/smoldocling256M-webgpu

Document Understanding in the Browser!

Primary LanguageTypeScript

SmolDocling 256M WebGPU Demo

This project is a demo using the SmolDocling-256M model to perform document understanding tasks. Allowing you to transform document images into structured formats like Markdown and JSON, and more!

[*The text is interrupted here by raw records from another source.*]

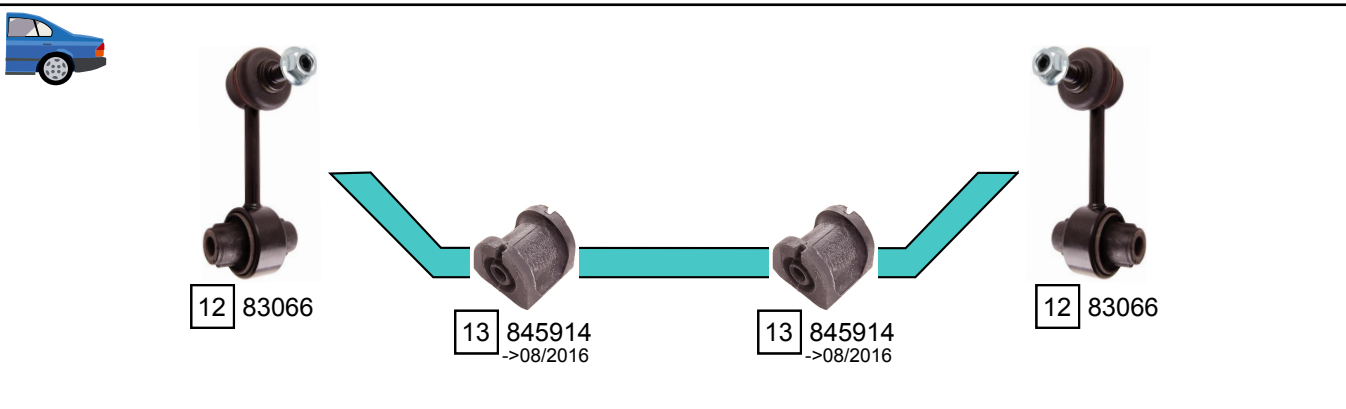

GT 86 (ZN6_)

03/2012 ->

Ref.	Sidem Ref.	Description	OE-number	Measures	Ref.	Sidem Ref.	Description	OE-number	Measures
1	845852	stabiliser mounting	SU003 00392	di:15	8	45151	TCA right wbj	SU003 00354	c:13.5
2	45860	stabiliser link	SU003 00394	L:245	9	883610	silentblock for TCA	SU003 00357	di:19.2 do:60
3	383.030	steering rack gaiter	SU003 00831	D:45 d:15 L:173	10	883603	silentblock for TCA	SU003 00356	di:12.4 do:37.1
4	45344	tie rod end left	SU003 00834	c:13.2 th:FM14X1.5R	11	45989	ball joint	SU003 00358	c:13.5 do:38.3
5	45345	tie rod end right	SU003 00833	c:13.2 th:FM14X1.5R	12	83066	stabiliser link rear axle	SU003 00398	L:94
6	45016	axial joint	SU003 00832	th:MM16X1.5R L:226	13	845914	stabiliser mounting	SU003 00396	di:11.4
7	45150	TCA left wbj	SU003 00355	c:13.5

8mb.video-JVQ-aCGTYemB.mp4

Try it out on Hugging Face!

Features

  • Intelligent Content Extraction: Extracts structures from documents, like:
    • Tables
    • Math formulas (converted to LaTeX)
    • Code blocks
  • Structured Output: Converts document content into markdown and JSON
  • Region-Specific Processing: Select a specific area of the document to process only the content you need.
  • Fully Offline: All processing happens on your device in the browser. Your data never leaves your computer.

🚀 Getting Started

To run this project locally, follow these steps:

  1. Clone the repo

    git clone https://github.com/callbacked/smoldocling256M-webgpu
  2. Navigate to the project directory

    cd smoldocling256M-webgpu
  3. Install NPM packages

    npm install
  4. Run

npm run dev

This will start the Vite development server, and you can view the application at http://localhost:5173 (or another port if 5173 is in use).

Building for Production

To create a production build:

npm run build